The trial for a white former North Charleston, S.C., police officer charged with the murder of an unarmed black motorist began in a Charleston courtroom Thursday.
Michael Slager, 34, is charged with the April 2015 murder of Walter Scott, 50. Slager shot Scott in the back five times as Scott ran from a traffic stop in North Charleston. A widely viewed cellphone video filmed by a bystander caught the shooting.
Opening statements from both sides ran for a total of 65 minutes Thursday morning, and by the end of the day, eight witnesses for the prosecution had taken the stand, including Scott’s son, mother and girlfriend, the Charleston Post and Courier reports.

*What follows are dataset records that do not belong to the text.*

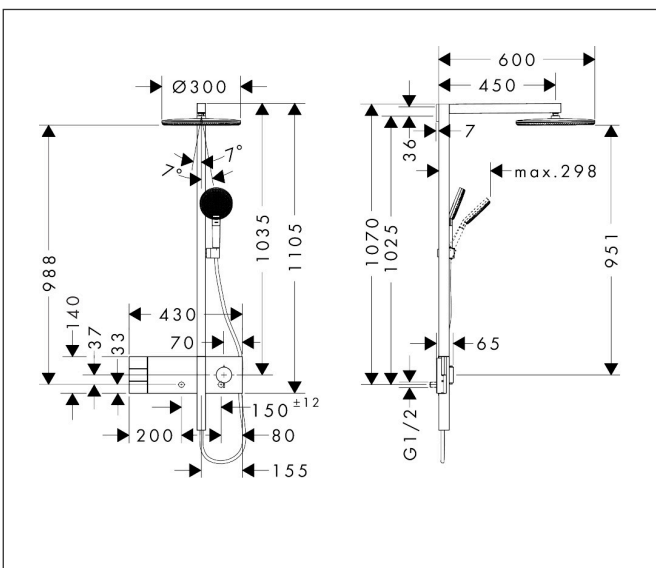

Merk	hansgrohe
Artikelnaam	Raindance Alive S Showerpipe 300 2jet EcoSmart met ShowerSelect Comfort
Art.nr.	24596700
Oppervlakte	Mat wit
Netto prijs	2.227,68 EUR

Product foto

Maat tekeningen

Kenmerken

- bestaat uit: hoofddouche, handdouche, schuifstuk, douchethermostaat, doucheslang, douchestang
- hoofddouche Raindance Alive S 300 2jet
- afmeting straalplaatoppervlak hoofddouche: 300 mm
- straalsoort hoofddouche: Rain, PowderRain
- doorstroomregelaar: 8 l/min (met mogelijke toleranties -20%)
- functie van: 6 l/min
- doorstroomhoeveelheid Rain bij 3 bar: 6,7 l/min
- straalsoort handdouche: RainAir volle zachte regenstraal, PowderRain, massagestraal
- maximale doorstroomhoeveelheid van handdouche bij 3 bar: 7,7 l/min
- maximale doorstroomhoeveelheid voor Showerpipe bij 3 bar: 7,7 l/min
- maximale bedrijfsdruk: 10 bar
- DropGuard vermindert het nadruppelen nadat de douche is gestopt tot slechts enkele seconden.
- handige straalkeuze via Select-knop op de handdouche
- kogelgewricht: hoek hoofddouche verstelbaar
- designafdekking verbergt de straalnoppen, vlak, minimalistisch ontwerp
- straalplaat voor reiniging afneembaar
- designafdekking is eenvoudig zonder gereedschap afneembaar voor reiniging
- oppervlak designafdekking: grafiet

Technologie

Straalsoorten

Certificaat

Merk hansgrohe
 Artikelnaam **Raindance Alive S** Showerpipe 300 2jet EcoSmart met ShowerSelect Comfort
 Art.nr. 24596700
 Oppervlakte Mat wit
 Netto prijs 2.227,68 EUR

Stroomschema

Merk	hansgrohe
Artikelnaam	Raindance Alive S Showerpipe 300 2jet EcoSmart met ShowerSelect Comfort
Art.nr.	24596700
Oppervlakte	Mat wit
Netto prijs	2.227,68 EUR

Installatievoorbeelden

i Afmetingen kunnen variëren vanwege keramische toleranties die verband houden met het productieproces.

After the jurors were sworn in, Judge Clifton Newman advised them that the trial was not for entertainment but was a fundamental part of American democracy.
“Your purpose as jurors is to find the facts of this case,” Newman said. “You are to determine the facts from the testimony that you hear from this witness stand, together with any other evidence that you hear in this court.”
In her 25-minute opening, prosecutor Scarlett Wilson told the jury that the state’s goal is to bring accountability to Slager for his actions in shooting Scott. She walked the jury through the shooting and told them that Scott was unarmed, had his back to Slager and was shot at eight times.
According to the Post and Courier, Wilson said Scott knew that when his license was run, he was going to be sent to debtors’ prison. She said that Slager’s Taser was in “dry stun” mode, which means that it must have been touching Scott’s body at the time it was used. Wilson said that Scott’s DNA on the Taser does not determine guilt; it goes to provocation, and while it may have provoked Slager, it does not justify his killing Scott.
Lead attorney Andy Savage gave opening arguments for the defense.
“This is a criminal case,” Savage said. “This is not a matter of guilt or innocence. Murder is the charge the solicitor chose.”
Savage pointed out that Slager was charged with the same crime as Dylann Roof in the case of the Emanuel AME Church shootings in Charleston. He reminded the jury that the case is “governed by a presumption of innocence,” and he urged them to consider the charge and its seriousness when deciding the verdict for the trial.
The first witness of the day was Scott’s 22-year-old son, Walter Lamar Scott, and the last was his mother, 73-year-old Judy Scott.
The Post and Courier reports that Judy Scott testified that her son called her when the stop occurred and he sounded distressed. Judy Scott said that she heard someone in the background tell her son to get on the ground and put his hands behind his back.
Later, she said, she heard her son screaming, “They tasing me!” and then heard him “groaning like he was in excruciating pain.” Judy Scott said that she did not hear any gunshots.
Court recessed after her testimony. The trial will resume Friday morning.